Posted on January 9, 2006

First-time screenwriter Tony Kushner discusses writing the Steven Spielberg-directed film Munich. Kushner declares that he didn't have a political agenda when writing the screenplay, which has drawn fire from numerous quarters about its portrayal of terrorists and Israeli agents after the massacre of Israeli athletes by Palestinian terrorists at the 1972 Munich Olympics.

"If you start out with an ax to grind, then you write a bad play or movie," said Kushner, winner of a Pulitzer Prize for the landmark stage epic "Angels in America." "I prefer to have a much more exciting and rich conversation about politics and the meaning of violence.

"I start from a place of my own perplexity and then explore.
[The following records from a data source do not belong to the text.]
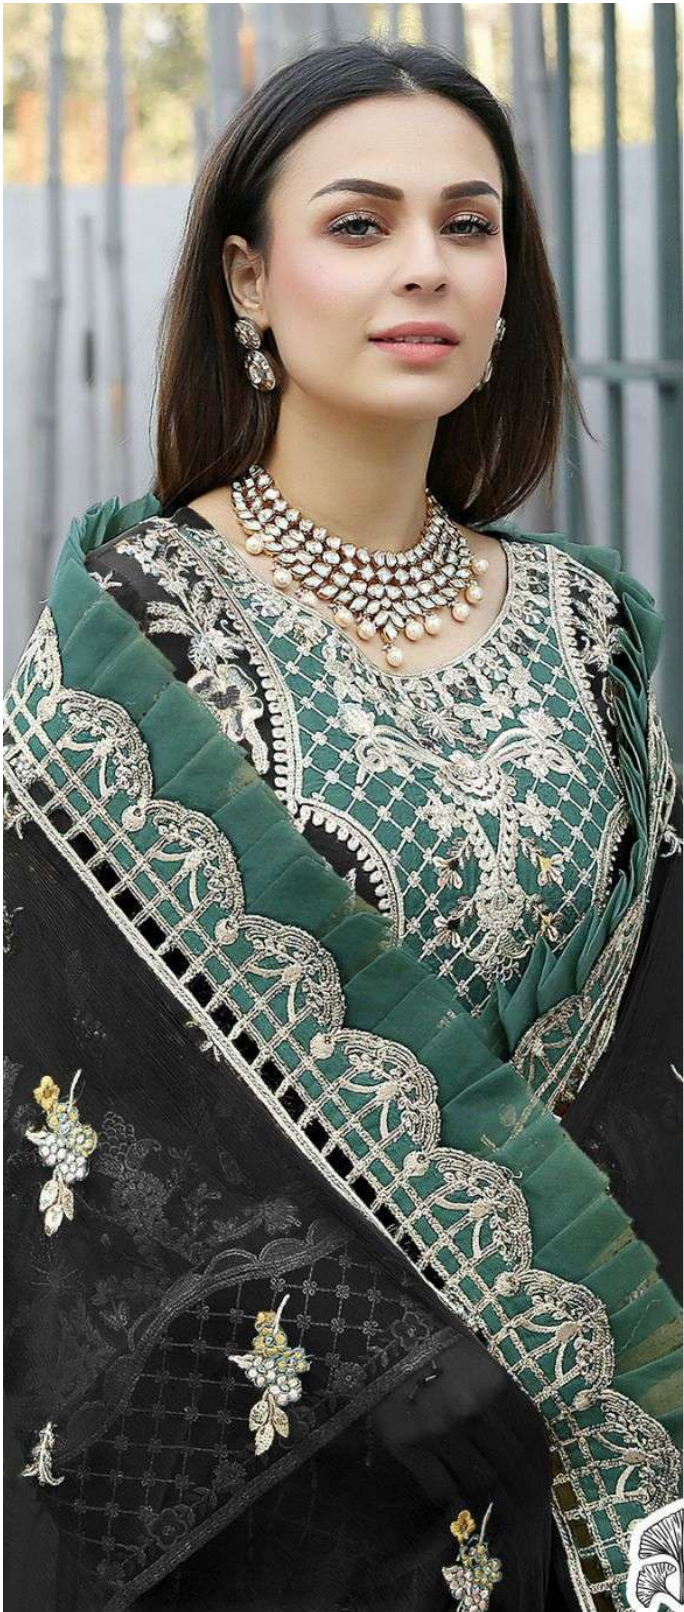

ZAHA
SAMANTHA

ZAHA
SAMANTHA

SAMANTHA ZAHA

D.No.10132-D

TOP Faux Georgette with Embroidery

BOTTOM-INNER Dull santoon

DUPATTA Nazmin with Embroidery

SAMANTHA

ZAHA

D.No.10132-B

TOP Faux Georgette
with Embroidery

BOTTOM-INNER Dull santoon

DUPATTA Nazmin with
Embroidery

SAMANTHA

ZAHA

D.No.10132-C

TOP Faux Georgette with Embroidery

BOTTOM-INNER Dull santoon

DUPATTA Nazmin with Embroidery

SAMANTHA ZAHA

D.No.10132-A

TOP Faux Georgette with Embroidery

BOTTOM-INNER Dull santoon

DUPATTA Nazmin with Embroidery

ZAHA

SAMANTHA

TOP Fox Georgette
with Embroidery

BOTTOM-INNER Dull santoon

DUPATTA Nazmin with
Embroidery

10132-A

10132-B

10132-C

Steven and I, we started out with some very strong feelings about the conflict between Israelis and Palestinians -- not necessarily in the same place or for the same reasons -- and we surrendered our arrogance and assumptions."

*****

If Kushner and Spielberg had a point of view they wanted to guide their filmmaking, it was portraying everyone in the film as a human being, the playwright/screenwriter said.

"It's an uncomfortable movie for some, because we don't portray terrorists as bad' and nothing more," Kushner said. "All the terrorists of the world are not that simple, which doesn't mean that you approve of what they did, killing unarmed people. "But there is a [dramatic] law: Nothing human is alien to me," Kushner said, quoting the ancient Roman playwright Terence. "We dehumanize people so we don't have to trouble ourselves with the way we deal with them."

Munich is in theaters now.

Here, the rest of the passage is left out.